Juan Carlos Astudillo worked as a maintenance helper for Reinforced Earth. There, he cut and welded iron and repaired motors, and was required to climb scaffolds and ladders and lift heavy steel beams. In 1994, Juan Carlos was hit in the head, neck, and back by a steel beam, and was rendered unconscious at work. He sustained a concussion, a mild head injury, and as a result, over the next few months Juan Carlos experienced headaches, dizziness, loss of balance, and upper and lower back pain. He was subsequently terminated from his job and he filed for workers’ compensation. In an outrageous move, the company that Juan Carlos had worked so hard for responded to his compensation claim by saying he wasn’t entitled to the benefits because he was undocumented.

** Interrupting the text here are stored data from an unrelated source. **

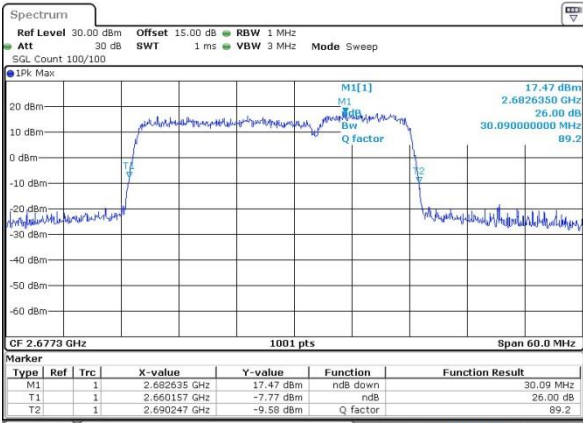

Date: 14.OCT.2017 13:13:09

Middle Channel / 20MHz+10MHz /QPSK

Date: 12.OCT.2017 16:17:17

Middle Channel / 20MHz+10MHz /16QAM

Date: 12.OCT.2017 16:17:32

LTE Band 41

Middle Channel / 20MHz+10MHz /64QAM

Date: 14.OCT.2017 13:20:29

Highest Channel / 20MHz+10MHz /QPSK

Date: 12.OCT.2017 16:15:42

Highest Channel / 20MHz+10MHz /16QAM

Date: 12.OCT.2017 16:15:22

Highest Channel / 20MHz+10MHz /64QAM

Date: 14.OCT.2017 13:19:35

LTE Band 41

Lowest Channel / 20MHz+15MHz/QPSK
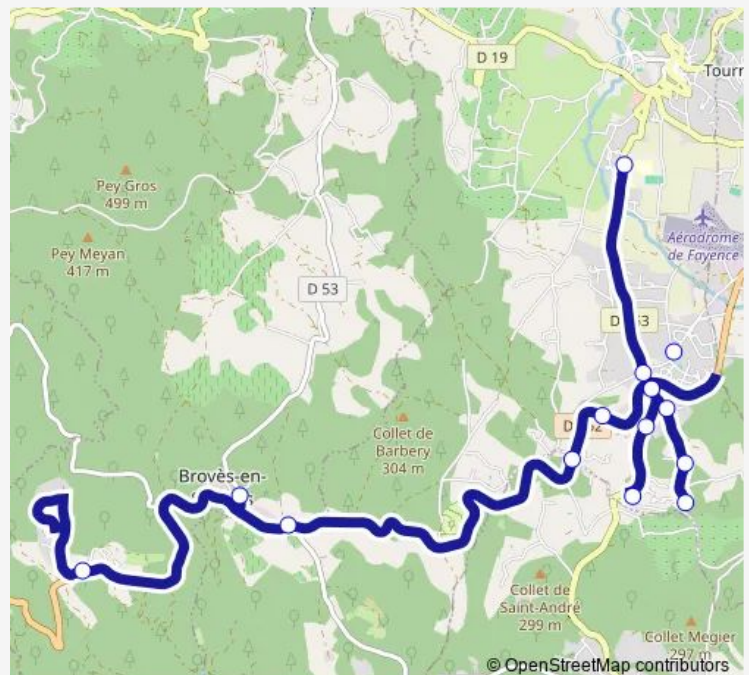

### Route schedule

College Mauron — L Eouviere

Monday 17:05

Tuesday 17:05

Wednesday 12:35

Thursday 17:05

Friday 17:05

Saturday —

### Route info

Direction: College Mauron

Stops: 14

Trip Duration: 0 hour 34 min
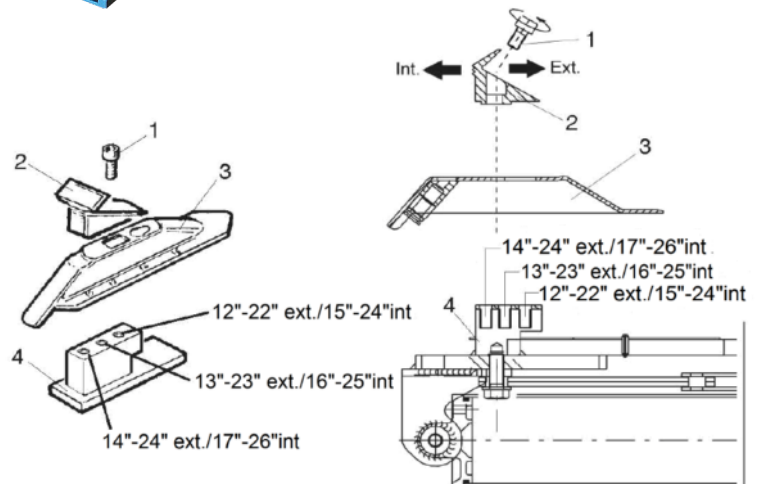

## 26" Fully-Automatic Tyre Changer Twin Assist Arm

The TC320MAX is a robust easy to use tyre changer, capable of handling up to 26" wheels. Supplied with double assist arms enabling you to easily cope with run-flat and low profile tyres

### Optional Extras:

- Plastic Mounting Head
- Motorcycle Adapters
- Leverless Mounting Head

Rim Clamping Range External	12" - 24"
Rim Clamping Range Internal	14" - 26"
Max. Tyre Diameter	1,200 mm
Max. Tyre Width	350 mm
Bead Breaker Cylinder Force at 10 bar	3,000 kg
Inflating Pressure Device Max	3.5 bar (50 psi)
Motor Power:	0.75 220v 1ph
Rotating Speed	7 rpm

## Dimensions
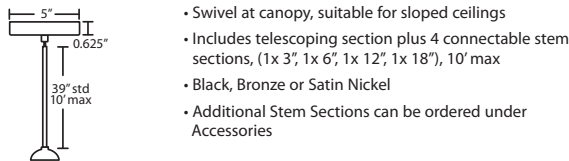

ACCESSORIES:

ADDITIONAL STEM SECTIONS:

Additional connecting stems are available to increase overall length of a Stem Pendant, up to 10' max. Telescoping adjustable section allows up to 3" movement.

|                      |              |
|----------------------|--------------|
| <b>T20A-SN or BK</b> | Adj. Section |
| <b>T203-SN or BK</b> | 3" Section   |
| <b>T206-SN or BK</b> | 6" Section   |
| <b>T212-SN or BK</b> | 12" Section  |
| <b>T218-SN or BK</b> | 18" Section  |
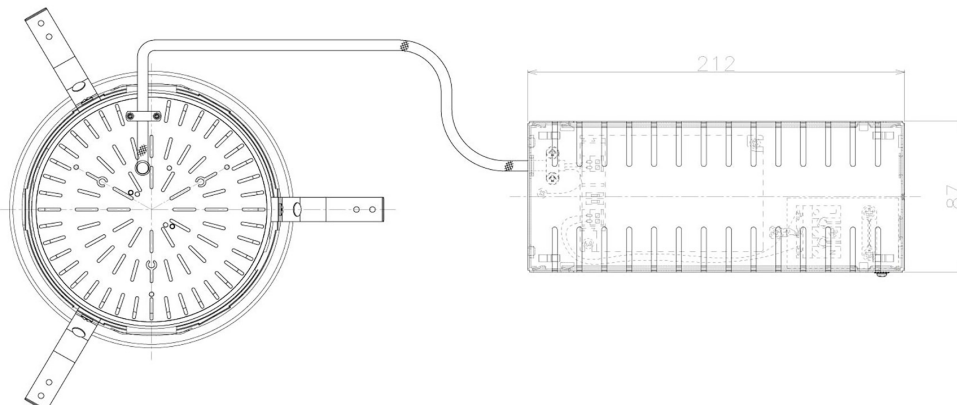

Item no. DD098-6560WW9035L

Series Name:  $\Phi$ 150 Spark (Swallow Cone)

White Reflector

Installation	Recessed mount
Type	$\Phi$ 150 Spark (Swallow Cone)
Fixture wattage	65.3W
Beam angle	91 deg
Color Temp.	3500K
CRI	Ra>90
Luminous	6367 lm
Body	Die-cast aluminum alloy
Body finish	N/A
Trim finish	White
Reflector finish	White
IP Rate	IP20
Light source	COB module
Input Voltage	AC220~240V
Dimming Type	Non-Dimmable
Certificate	CE, CCC
Cut Hole	150mm

Height (Weight)	
65.3W	127 (1.4kg)
48.5W	127 (1.4kg)
44.3W	108 (1.2kg)
33.8W	108 (1.2kg)
30.3W	108 (1.2kg)
23.0W	78 (0.9kg)
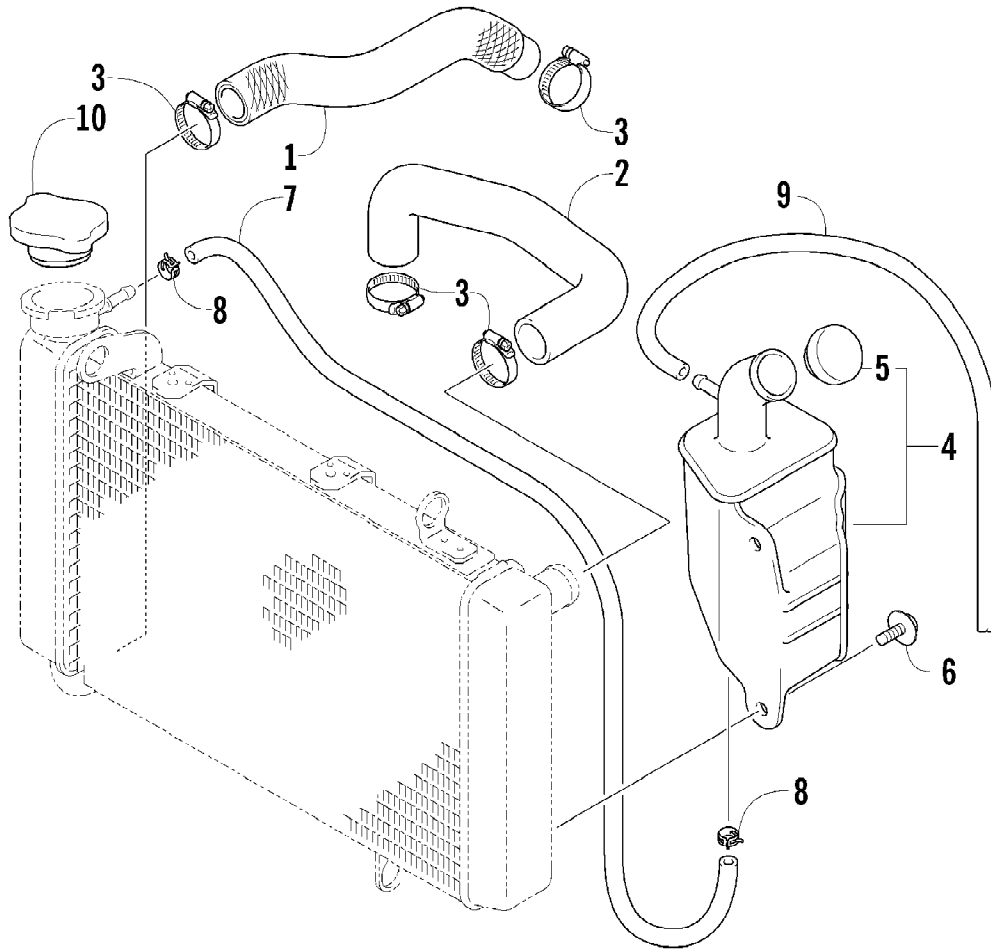

2004 400 DVX BLACK-RED (A2004DVI2AUSD)
RADIATOR HOSE ASSEMBLY

2004 400 DVX BLACK-RED (A2004DVI2AUSD)
RADIATOR HOSE ASSEMBLY

Page 73 of 105

Ref #	Part Number	Qty	S/P/F	Description
1	3413-029	1		Hose, Radiator Inlet
2	3413-030	1		Hose, Radiator Outlet
3	3006-324	4		Clamp
4	3413-031	1		Reservoir (inc. 5)
5	3413-032	1		Cap, Reservoir
6	3423-654	2		Screw
7	3413-034	1		Hose, Inlet
8	3423-480	2		Clip
9	3413-033	1		Hose, Overflow
10	3413-027	1		Cap

Juan Carlos’ case is just another example of a company benefiting from the hard work of an immigrant and then exploiting their undocumented status when the worker tries to exercise one of the few rights that workers have under the law. While the Pennsylvania Supreme Court held that Juan Carlos was entitled to medical benefits, it also found that illegal immigration status might justify terminating benefits for temporary total disability.

For more information see our fact sheets on immigrants’ rights and workers’ rights.

Dewakuku v. Martinez, Secretary of Housing and Urban Development (2001)

Serena Dewakuku bought a house that was built by the Hopi Tribal Housing Authority through an assistance program that helps low-income Indian families. After she bought the house, Serena found that it had serious structural and design problems. She reported this to the housing authority, but it did nothing to fix the problems. Serena sued claiming that the home she had bought from her housing authority did not meet the standards of a federal law called the Indian Housing Act, which was created to make sure any subsidized housing was of good quality.

The court that heard Serena’s case agreed that the housing authority had violated the law and ordered it to fix the problems. The housing authority challenged this ruling and the case went back to court. This time, the appeals court threw her case out of court on a technicality: This court said that although the housing law said Ms. Dewakuku had rights, it didn’t explicitly say she could go to court if those rights were violated.
Ms. Dewakuku couldn’t go to court and she was stuck with a defective and badly built home. This court tells us that even if a housing authority violates the law, the people who buy shoddily built homes have no legal remedy in court. We may think we have rights because of certain laws, but we can’t necessarily enforce them.